PROVIDED MATERIAL
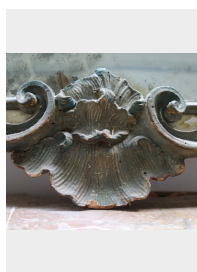

Antica Caminiera a specchio. Epoca 1800.

COD. 279384

Epoca: Ottocento

Caminiera a specchio, laccata e finemente intagliata a decori floreali.

MISURE: L 123 - H 89 - SP 4

Categoria: **Mobili antichi**

Sottocategoria: **Specchiere Antiche**

Legenda

L – LARGHEZZA / WIDTH / LE – LARGHEZZA ESTERNA / EXTERNAL WIDTH / LI – LARGHEZZA INTERNA / INSIDE WIDTH / H – ALTEZZA / HEIGHT / HE – ALTEZZA ESTERNA / OUTSIDE HEIGHT / HI – ALTEZZA INTERNA / INTERNAL HEIGHT / P – PROFONDITÀ / DEPTH / SP – SPESSORE / THICKNESS / Diam – DIAMETRO / DIAMETER / Diam E – DIAMETRO ESTERNO / OUTSIDE DIAMETER / Diam I – DIAMETRO INTERNO / INTERNAL DIAMETER / NR. – NUMERO / NUMBER-QUANTITY / PZ. – PEZZI / PIECES / Unità misura centimetri (cm) / Unit of measure centimetres (cm)
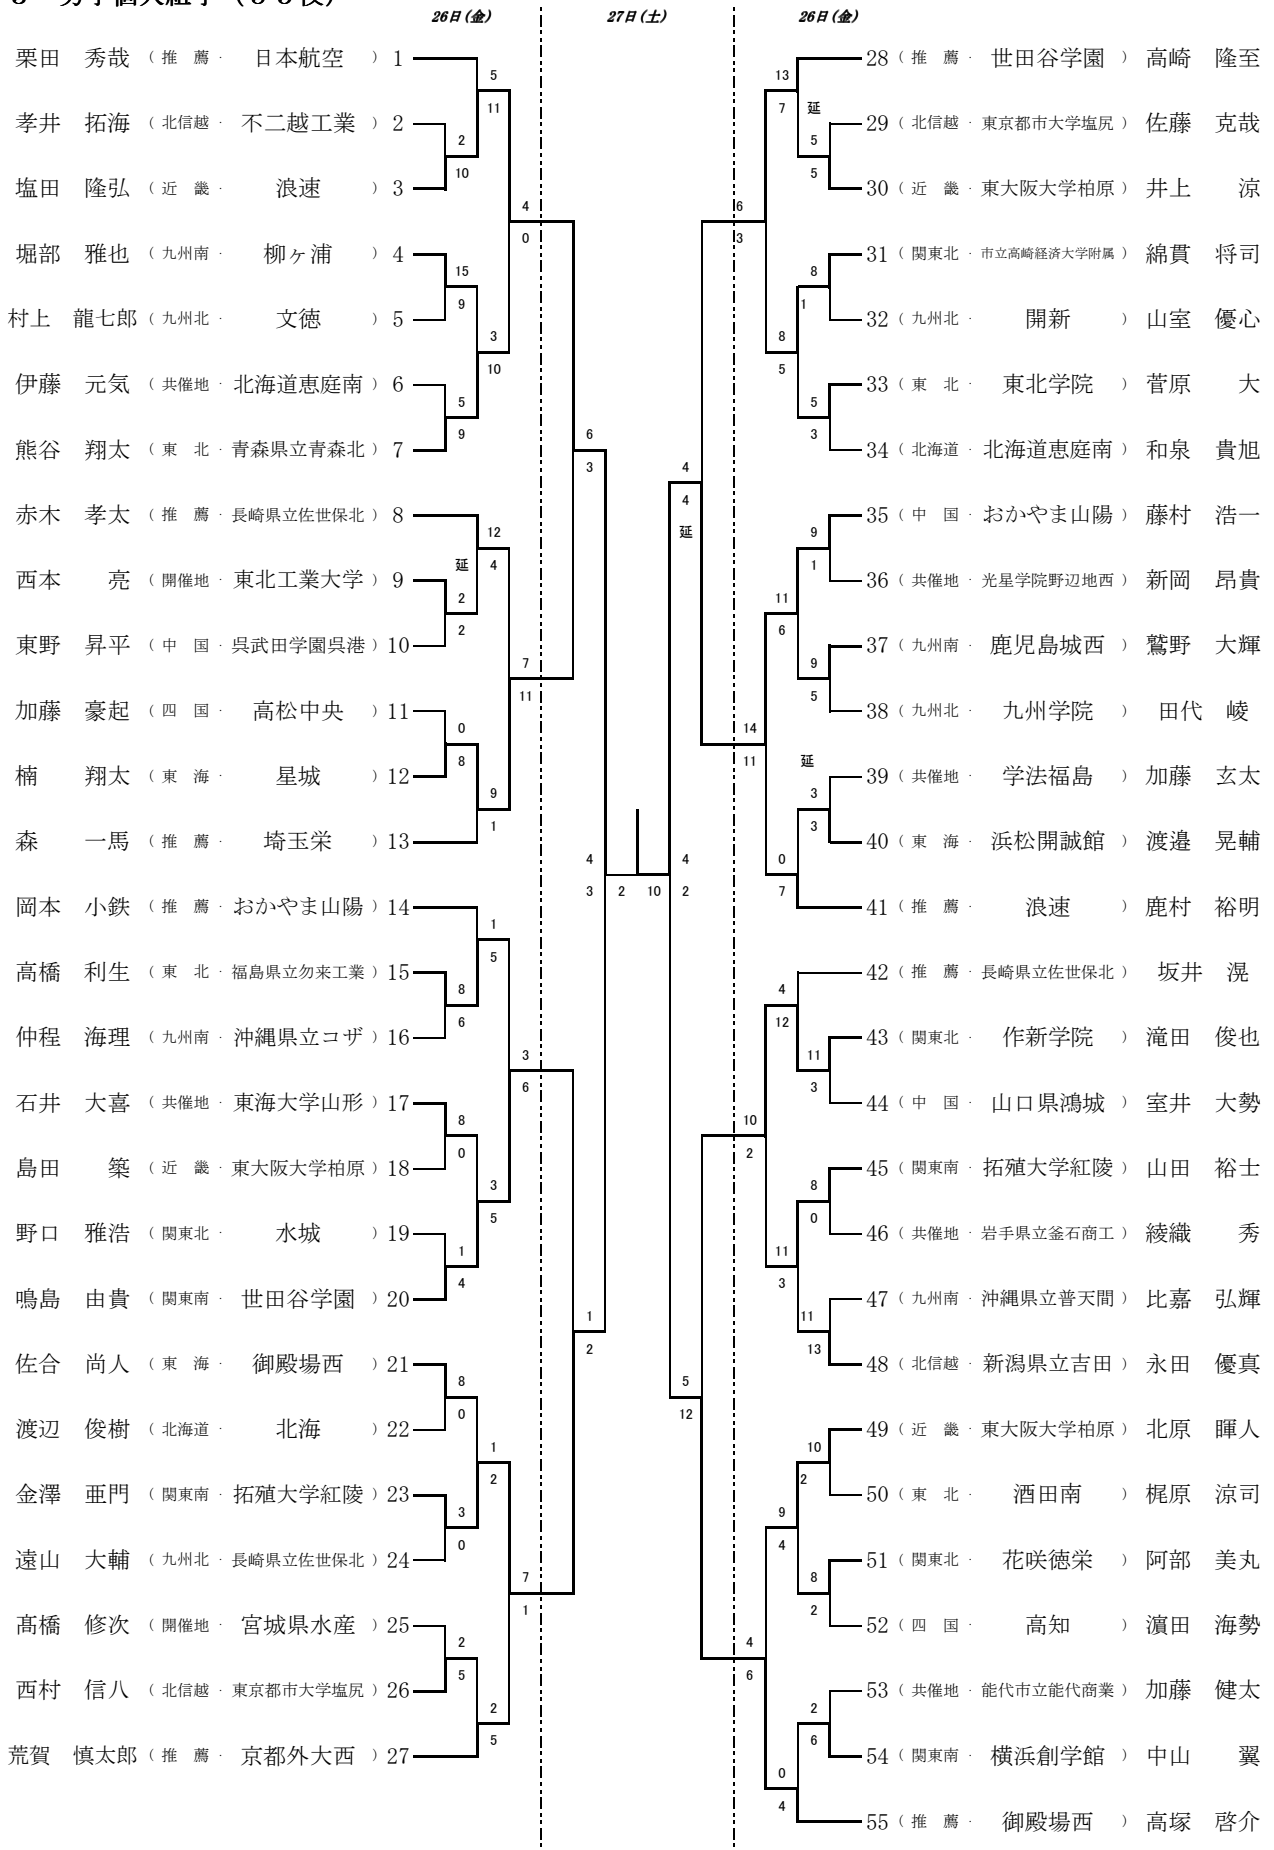

平成21年度 第29回全国高等学校空手道選抜大会 公式記録

- 1 男子団体組手
- 2 男子団体形
- 3 男子個人組手
- 4 男子個人形
- 5 女子団体組手
- 6 女子団体形
- 7 女子個人組手
- 8 女子個人形

平成22年3月25～27日
宮城県総合運動公園（グランディ
21）
セキスイハイムスーパーアリーナ

1 男子団体組手 (49校)

2 男子団体形 (45校)

3 男子個人組手 (55校)

4 男子個人形(51名)

5 女子団体組手(4 5校)

6 女子団体形 (4 2校)

26日(金)

27日(土)

26日(金)

7 女子個人組手 (54名)

8 女子個人形(47名)
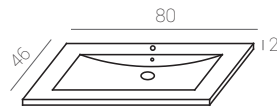

encimera 80 01035001

Cristal/glass/verre

encimera 80 01028401 01028201 01028901 01008202

Características/
specifications/
caractéristiques

TULA

Ref.: 37018700
Cromo/Cristal.
Chrome/glass.
Chrome/verre.

Medidas:
12 x 11 x 3 cm.

YUCA

Ref.: 37017900
Cromo/Cristal.
Chrome/glass.
Chrome/verre.

Medidas:
21 x 12 x 4 cm.

OLIVIA 30

Ref.: 37012100
Cromo/PVC.
Chrome/PVC.
Chrome/PVC.

Medidas:
30 x 4,2 x 10 cm.

OLIVIA 50

Ref.: 37012200
Cromo/PVC.
Chrome/PVC.
Chrome/PVC.

Medidas:
56 x 4,2 x 10 cm.

YAGO

Ref.: 02226701
Cromo/Cristal.
Chrome/glass.
Chrome/verre.

Medidas:
25 x 11 x 3 cm.

NOA

Ref.: 37012500
Cromo/Cristal.
Chrome/glass.
Chrome/verre.

Medidas:
Ø 9 cm.

ADAM

SILENE

Ref.: 37018500
Aluminio/Cristal.
Aluminium/glass.
Aluminium/verre.

Medidas:
25,5 x 9,5 x 3 cm.

FLUX

Ref.: 37012300
Cromo/PVC.
Chrome/PVC.
Chrome/PVC.

Medidas:
56 x 14,7 x 3,3 cm.

MIA

Ref.: 37014300
Cromo/Cristal.
Chrome/glass.
Chrome/verre.
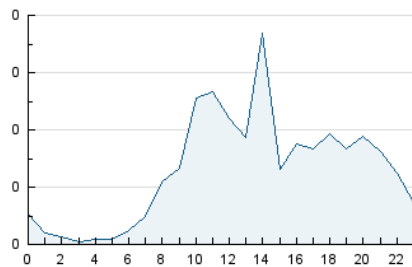

2. Secciones (Nacional e Internacional)

	PAGINAS	%
HOME	580	12.72 %
RESTO	3.980	87.28 %

3. Por día del mes (Nacional e Internacional)

Día	N. únicos	Visitas	Páginas	Día	N. únicos	Visitas	Páginas	Día	N. únicos	Visitas	Páginas
1	58	64	110	11	37	38	57	21	76	89	152
2	98	107	163	12	116	134	285	22	108	127	173
3	41	47	52	13	93	120	238	23	74	89	128
4	74	85	104	14	130	160	319	24	30	37	45
5	141	168	313	15	60	74	131	25	51	64	77
6	74	86	193	16	55	63	124	26	99	124	271
7	112	127	217	17	31	35	43	27	74	99	150
8	66	84	121	18	35	35	47	28	61	76	144
9	73	91	183	19	153	181	394	29	60	74	91
10	55	61	87	20	100	114	148				

4. Gráficas (Nacional e Internacional)

4.1 Por día de la semana (promedio)

N. únicos / Visitas (x 100)

Páginas (x 100)

4.2 Por franja horaria (promedio)

Visitas_ (x 1000)

Páginas (x 1000)

4.3 Por meses
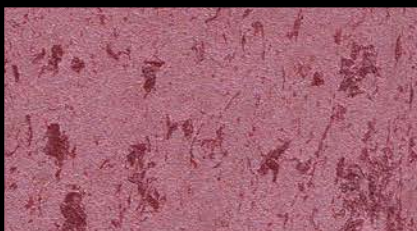

Terre D'Italia
SERIE INCANTO

RIVEDIL
EXCLUSIVE PAINT
MADE IN ITALY *By C.C.*

LA DECORAZIONE DEL III MILLENNIO

Terre D'Italia
SERIE INCANTO

Decor Fondo TN 04
TD PUGLIA

Decor Fondo TN 03
TD SICILIA

Decor Fondo TN 08
TD UMBRIA

INCANTO ORO

INCANTO VERDE

INCANTO VIOLA

INCANTO ROSSO

INCANTO BLU

INCANTO ARANCIO

MATT

Decor Fondo TN 019
TD TRENINO

Decor Fondo TN 026
TD ABRUZZO

Decor Fondo TN 02
TD SARDEGNA

INCANTO ORO

INCANTO VERDE

INCANTO VIOLA

INCANTO ROSSO

INCANTO BLU

INCANTO ARANCIO

MATT

DECOR FONDO TN019 /
TD Trentino + Incanto Arancio

Pittura decorativa perlacea con flocculi colorati.

Peinture décorative nacrée avec des flocons colorés.

Pearlescent decorative paint white with colored flakes.
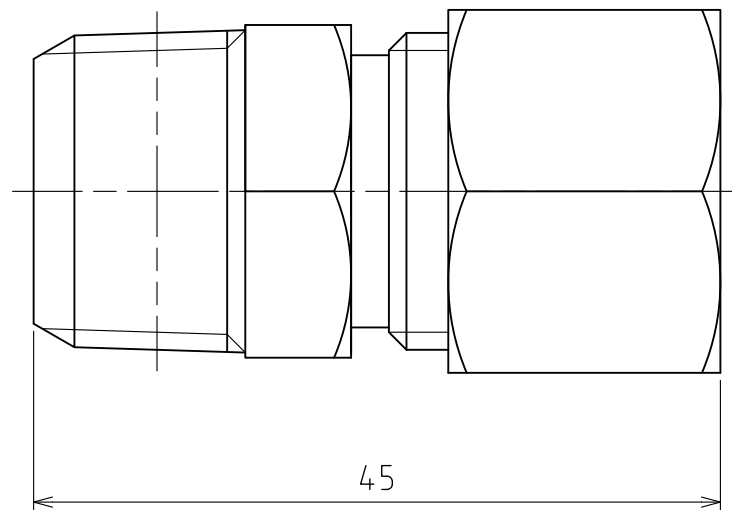

パーツ一覧

項目	数量	名前	材料	規格	注釈
1	1	リングジョイント本体 RSB-1404	C3604BD	5RSB-1404	
2	1	リングナット RN-1012	C3604BD	5RN-1012	
3	1	リング玉 RB-1012	C3604BD	5RB-1012	

製品重量	約 97 g			
	第3角法	単位 mm	尺度 2:1	日付 2011/05/20
承認 水田	検図 水田	材質		
設計 水田	製図 渡辺紀	備考		
		品名 リングジョイント RS-1412		
		図番 5RS-1412		
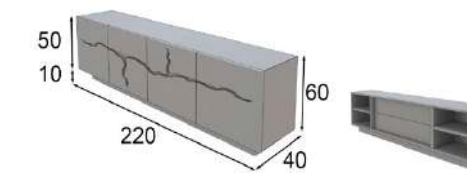

Opcional cajonera / Optional set of drawers 100p
Opcional led zócalo / Optional base led 65p
Estantes de MDF / MDF Shelves

Ref	Medidas Sizes (cm)	Mate Matte	Alto Brillo High Gloss	Laminado Laminated
43234	100 Ø	400	500	600
43235	120 Ø	450	562	662
43236	150 Ø	500	625	725

Ref	Medidas Sizes (cm)	Mate Matte	Frente Brillo Front Gloss	Alto Brillo High Gloss	Laminado Laminated
60422	220x60x40	500	550	625	725

LX05
Color **250/004**
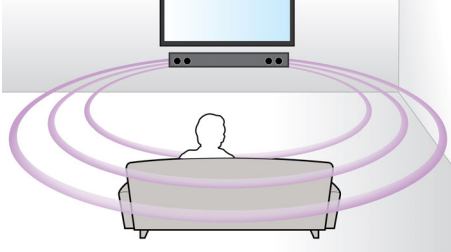

모든 엔터테인먼트를 연결하고 즐기기

- TV, BD/DVD 플레이어, 게임 콘솔, MP3 플레이어에서 작동
- Bluetooth 를 통한 무선 음악 스트리밍
- 휴대용 USB 장치에서 MP3/WMA 음악을 즐기세요.
- 오디오 입력을 통해 iPod/iPhone/MP3 플레이어 음악 즐기기

심플한 디자인

- 실내 장식과 잘 어울리는 초소형 80cm 너비의 사운드바
- TV 앞에 두기에 완벽한 낮은 높이의 디자인

더 풍부한 사운드로 TV 시청 및 영화 감상

- 가상 서라운드 사운드로 실감나는 영화 감상 환경 제공
- Dolby Digital 로 최고의 영화를 감상하세요
- 외부 서브우퍼가 제공하는 긴장감 있는 액션
- 최적의 선명한 사운드를 제공하는 트윈 트위터

PHILIPS

주요 제품

Bluetooth

Bluetooth는 안전하고 에너지 효율적인 근거리 무선 통신 기술입니다. 이는 다른 Bluetooth 장치에 간편한 무선 연결을 가능하게 하므로 iPod/iPhone을 포함한 모든 스마트폰, 태블릿 또는 랩탑에서 Bluetooth 지원 스피커를 통해 좋아하는 음악을 감상할 수 있습니다.

가상 서라운드 사운드

필립스 가상 서라운드 사운드는 스피커가 5 대도 안 되지만 풍부하고 탁월한 서라운드 사운드를 쏟아냅니다. 고도의 공간 알고리즘이 이상적인 5.1-채널 환경의 사운드 특징을 충실히 재현합니다. 어떤 품질 높은 스테레오 사운드라도 생생한 멀티 채널 서라운드 사운드로 전환되므로, 추가로 스피커나 선 혹은 스피커 스탠드를 사지 않고도 방안 가득한 사운드를 즐길 수 있습니다.

외부 서브우퍼

외부 서브우퍼가 제공하는 긴장감 있는 액션

Dolby Digital

세계적인 첨단 디지털 멀티채널 오디오 표준인 Dolby Digital은 인간의 귀가 음향을 자연스럽게 처리하는 방식을 사용하므로 실제 공간에 와 있는 느낌으로 탁월한 음질의 서라운드 사운드 오디오를 경험할 수 있습니다.

USB

휴대용 USB 장치에서 MP3/WMA 음악을 즐기세요.

다양한 장치에서 작동
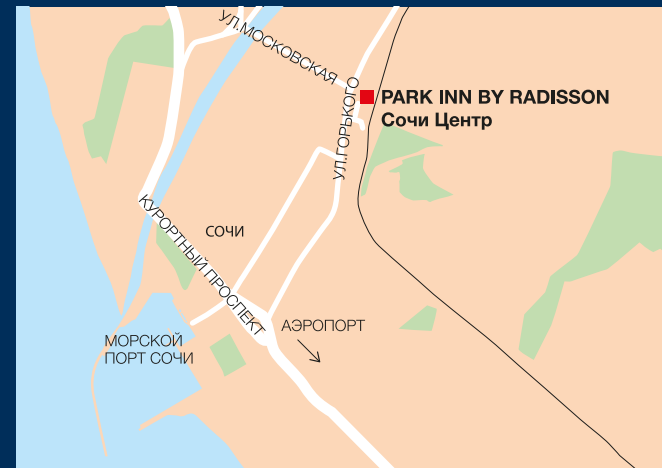

Сочи, уникальный своим субтропическим климатом, красотой природы, исторической наполняемостью, лечебными возможностями, бизнес инфраструктурой и спортивными активностями, привлекает гостей со всех уголков Российской Федерации.

Железнодорожный вокзал находится напротив отеля, что позволяет Гостям легко и быстро добраться на электропоезде до главных объектов города: аэропорта, горнолыжного курорта Красная Поляна, Олимпийского парка.

Маршрут на автобусе или машине займёт:

- Аэропорт – от 30 мин.
- Красная Поляна – от 1 часа
- Олимпийский парк – от 40 мин.
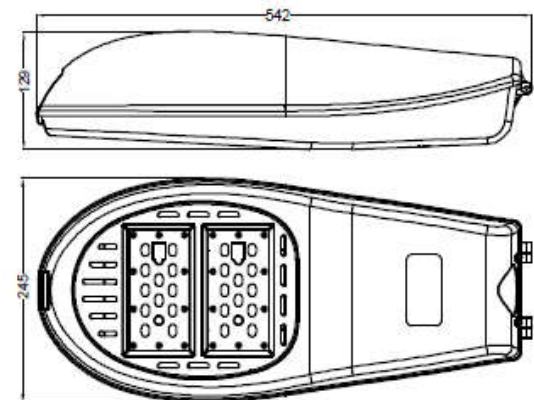

转换效率 (Power Factor): >90%

发光角度 (Beam angle): 150x65°

显色指数 (Ra): >70

防水等级 (IP Grade): IP65

工作湿度 (Working Humidity): 10%-100%RH

环境温度 (Environment temperature): -40°C ~ +60°C

光源品牌 (LED brand): CREE

灯珠数量 (Number of LEDs): 24pcs

灯壳体料 (Fixture Material): AL

工作寿命 (Operating Life): >30000h

质保 (Warranty): 3 years

**NOTES 注释：**

灯体采用铝压铸、强度高、结构简介、外型美观流畅；且耐腐蚀性喷粉烤漆，透光性强,散热性能极佳。详细规格：见右图

1. Product Photo/产品图

2. Dimension Diagram/线型图

ZY-6013-50W
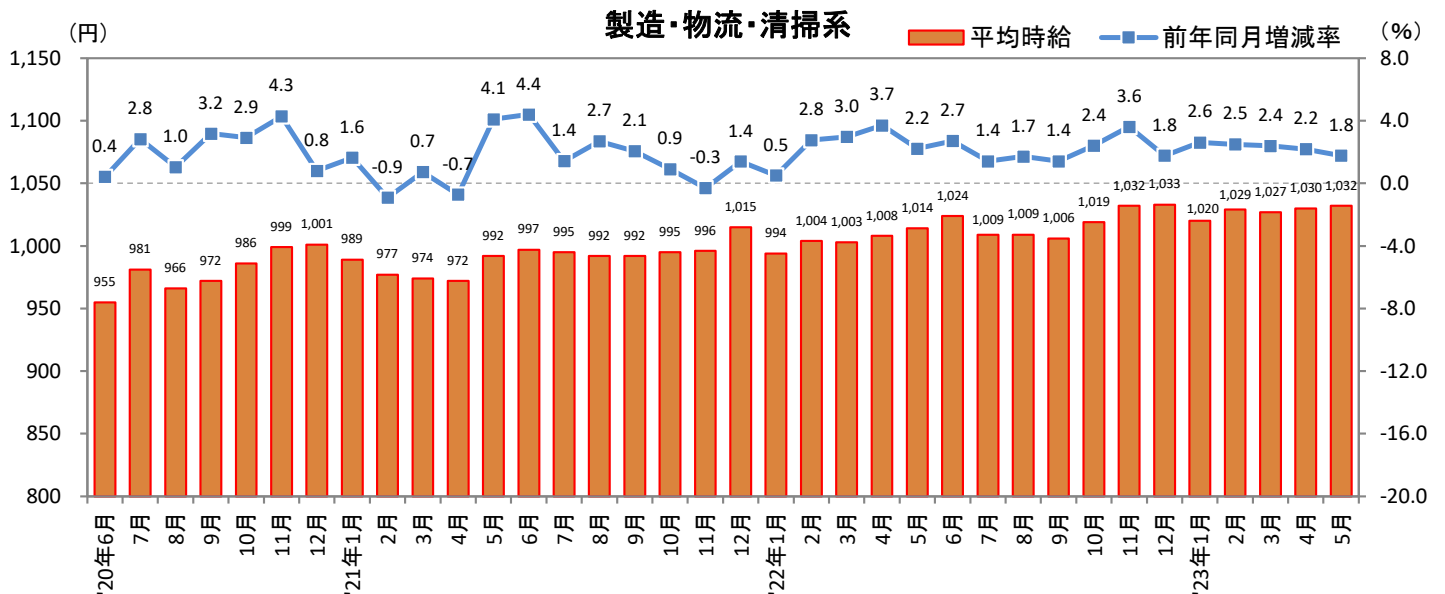

2023年6月14日

3. 福岡県 職種別 平均時給推移
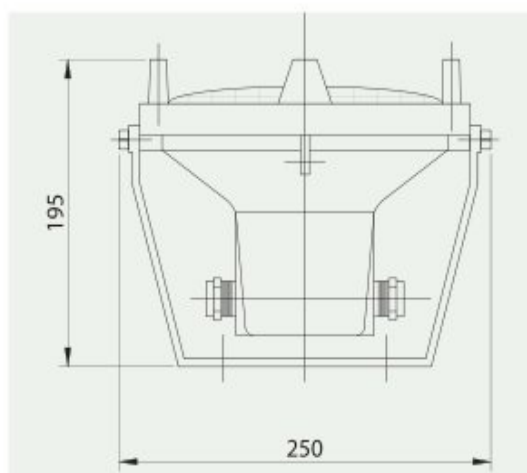

LAMPY SPB1

Lampy SPB1 - moc 300 W, wykonane z brązu.
Doskonale oświetlają fontanny.
Możliwe jest zainstalowanie filtrów w kolorze:
niebieskim, czerwonym, zielonym i żółtym.

Model	SPB30157	SPB30457
Moc [W]	300	300
Napięcie [V]	12	230
Liczba dławic kablowych	2	2
Typ żarówki	PAR 56 SPOT	PAR 56 SPOT
Stopień ochrony	IP68	IP68
Waga [kg]	6,3	6,3

- CCI220
- CCV220
- CCR220
- CCB220

SPB 30457
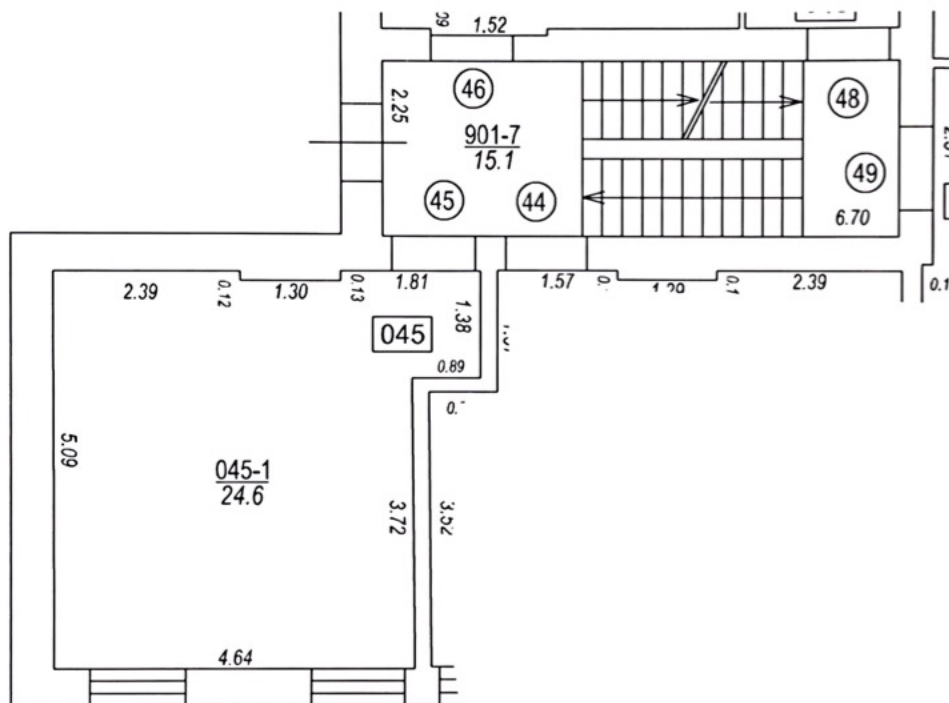

Būves punkta koordinātas  
Latvijas koordinātu sistēmā LKS-92

Punkta nr	x	y
5	312430.63	509054.72

Jāņa Asara iela

TELPU GRUPAS PLĀNS		
KADASTRA APZĪMĒJUMS	MĒROGS	LPP.
01000340146005045	1 : 100	4

WHAT TO PRODUCE
Provide a count of the lines in the data above that include the word "iPod", stating the number alone.

SOLUTION FOR THIS EXERCISE
2